- ASSIGNMENT -
In the records below, find the line with "Lusterko do makijażu z 18 lampkami LED" and the line with "LEIFHEIT**10,-**". Print both exactly, along with every line between them, and no other line.

►

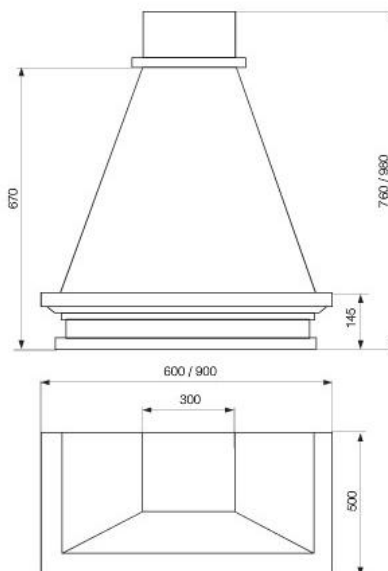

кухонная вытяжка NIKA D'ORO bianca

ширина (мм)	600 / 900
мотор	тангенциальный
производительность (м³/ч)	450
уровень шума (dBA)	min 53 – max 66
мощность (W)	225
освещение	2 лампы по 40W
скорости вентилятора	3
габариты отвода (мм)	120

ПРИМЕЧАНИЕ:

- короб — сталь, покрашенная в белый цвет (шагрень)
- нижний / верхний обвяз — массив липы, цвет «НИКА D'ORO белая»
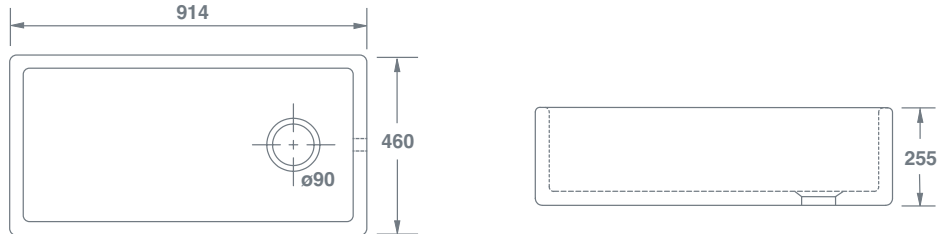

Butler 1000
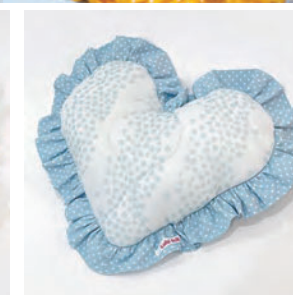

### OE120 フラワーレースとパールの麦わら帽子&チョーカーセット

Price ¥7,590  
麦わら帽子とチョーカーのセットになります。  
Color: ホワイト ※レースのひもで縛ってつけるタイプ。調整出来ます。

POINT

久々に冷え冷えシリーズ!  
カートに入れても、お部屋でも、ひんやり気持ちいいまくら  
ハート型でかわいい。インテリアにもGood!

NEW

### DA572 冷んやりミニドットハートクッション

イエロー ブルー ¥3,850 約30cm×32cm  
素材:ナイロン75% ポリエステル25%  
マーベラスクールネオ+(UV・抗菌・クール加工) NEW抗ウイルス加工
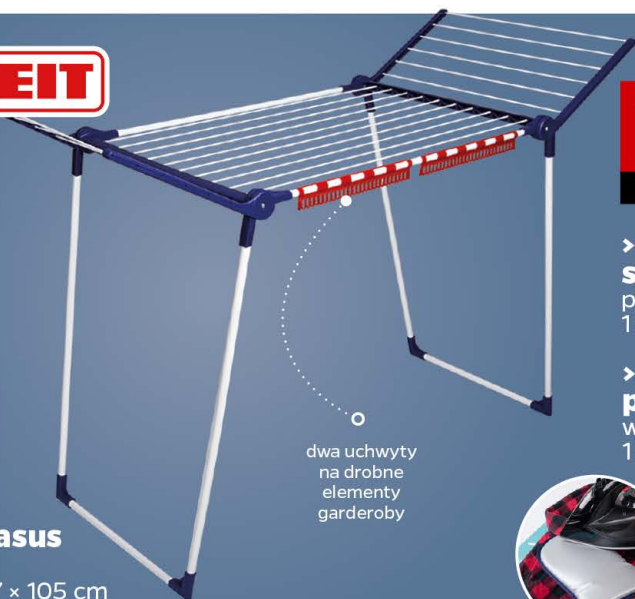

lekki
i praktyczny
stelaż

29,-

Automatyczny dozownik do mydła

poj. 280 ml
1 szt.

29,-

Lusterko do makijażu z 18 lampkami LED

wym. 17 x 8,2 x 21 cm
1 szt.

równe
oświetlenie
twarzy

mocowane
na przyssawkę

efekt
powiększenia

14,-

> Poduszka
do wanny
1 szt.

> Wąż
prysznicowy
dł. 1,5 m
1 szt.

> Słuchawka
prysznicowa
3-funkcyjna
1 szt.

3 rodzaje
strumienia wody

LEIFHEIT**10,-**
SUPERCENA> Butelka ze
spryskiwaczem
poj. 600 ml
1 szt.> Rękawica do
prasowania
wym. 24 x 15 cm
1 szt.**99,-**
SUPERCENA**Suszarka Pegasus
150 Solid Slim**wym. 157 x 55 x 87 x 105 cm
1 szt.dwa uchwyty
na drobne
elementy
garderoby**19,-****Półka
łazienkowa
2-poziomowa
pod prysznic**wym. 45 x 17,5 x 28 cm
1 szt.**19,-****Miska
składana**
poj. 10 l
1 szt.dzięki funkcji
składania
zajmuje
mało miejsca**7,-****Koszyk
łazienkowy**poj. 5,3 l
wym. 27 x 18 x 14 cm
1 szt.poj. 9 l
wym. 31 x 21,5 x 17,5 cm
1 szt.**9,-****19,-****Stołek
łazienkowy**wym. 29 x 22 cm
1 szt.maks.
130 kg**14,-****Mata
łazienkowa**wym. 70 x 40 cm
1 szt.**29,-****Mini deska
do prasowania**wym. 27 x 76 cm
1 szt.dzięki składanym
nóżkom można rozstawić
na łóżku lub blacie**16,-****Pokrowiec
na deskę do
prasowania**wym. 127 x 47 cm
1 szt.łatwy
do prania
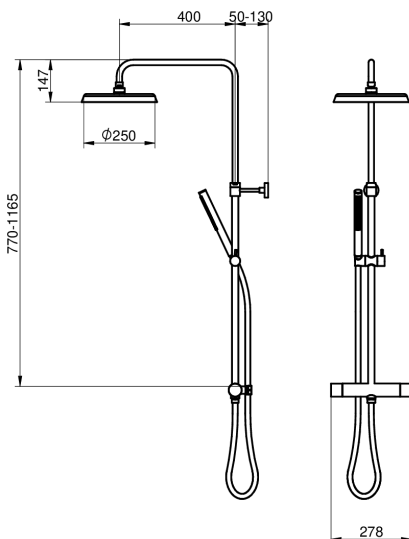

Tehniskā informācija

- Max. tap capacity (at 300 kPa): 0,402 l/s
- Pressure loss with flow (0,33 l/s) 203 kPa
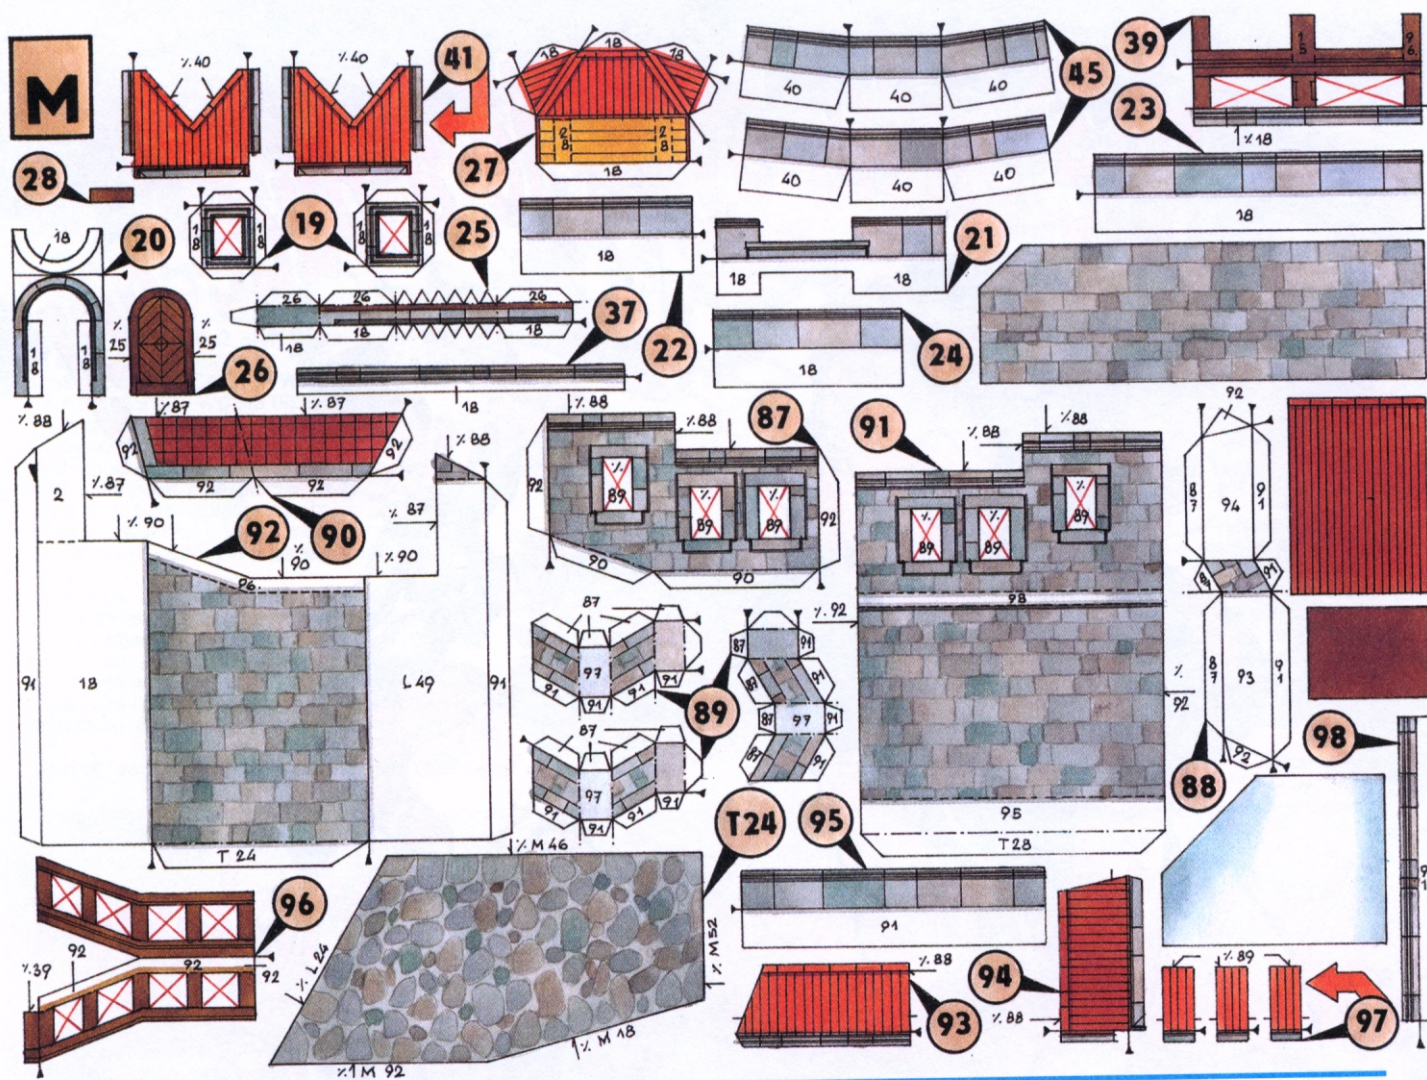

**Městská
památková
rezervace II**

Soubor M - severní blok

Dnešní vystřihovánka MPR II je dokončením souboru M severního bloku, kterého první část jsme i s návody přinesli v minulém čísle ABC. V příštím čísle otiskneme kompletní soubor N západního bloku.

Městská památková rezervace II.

◄
►

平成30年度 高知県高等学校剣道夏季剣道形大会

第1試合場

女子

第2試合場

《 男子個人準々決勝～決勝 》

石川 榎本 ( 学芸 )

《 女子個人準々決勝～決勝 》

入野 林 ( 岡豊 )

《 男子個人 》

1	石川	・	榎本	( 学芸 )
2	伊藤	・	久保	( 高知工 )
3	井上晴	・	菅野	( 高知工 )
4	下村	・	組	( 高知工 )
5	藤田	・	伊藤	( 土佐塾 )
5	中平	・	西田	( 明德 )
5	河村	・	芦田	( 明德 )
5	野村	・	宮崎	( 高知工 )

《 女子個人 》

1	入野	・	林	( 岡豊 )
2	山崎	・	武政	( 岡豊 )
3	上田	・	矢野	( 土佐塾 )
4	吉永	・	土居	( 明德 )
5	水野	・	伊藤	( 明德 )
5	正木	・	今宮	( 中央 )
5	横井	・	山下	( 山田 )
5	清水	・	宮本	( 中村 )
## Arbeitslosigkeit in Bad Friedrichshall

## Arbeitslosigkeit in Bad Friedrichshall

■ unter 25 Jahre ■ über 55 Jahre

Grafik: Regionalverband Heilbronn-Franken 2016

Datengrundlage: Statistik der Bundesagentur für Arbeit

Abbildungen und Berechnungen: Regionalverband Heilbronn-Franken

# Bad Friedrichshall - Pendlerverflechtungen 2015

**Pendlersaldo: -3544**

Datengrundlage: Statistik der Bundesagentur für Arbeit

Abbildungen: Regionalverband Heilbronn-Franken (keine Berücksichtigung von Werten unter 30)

◄

- ANSWER SECTION -
Lusterko do makijażu z 18 lampkami LED

wym. 17 x 8,2 x 21 cm
1 szt.

równe
oświetlenie
twarzy

mocowane
na przyssawkę

efekt
powiększenia

14,-

> Poduszka
do wanny
1 szt.

> Wąż
prysznicowy
dł. 1,5 m
1 szt.

> Słuchawka
prysznicowa
3-funkcyjna
1 szt.

3 rodzaje
strumienia wody

LEIFHEIT**10,-**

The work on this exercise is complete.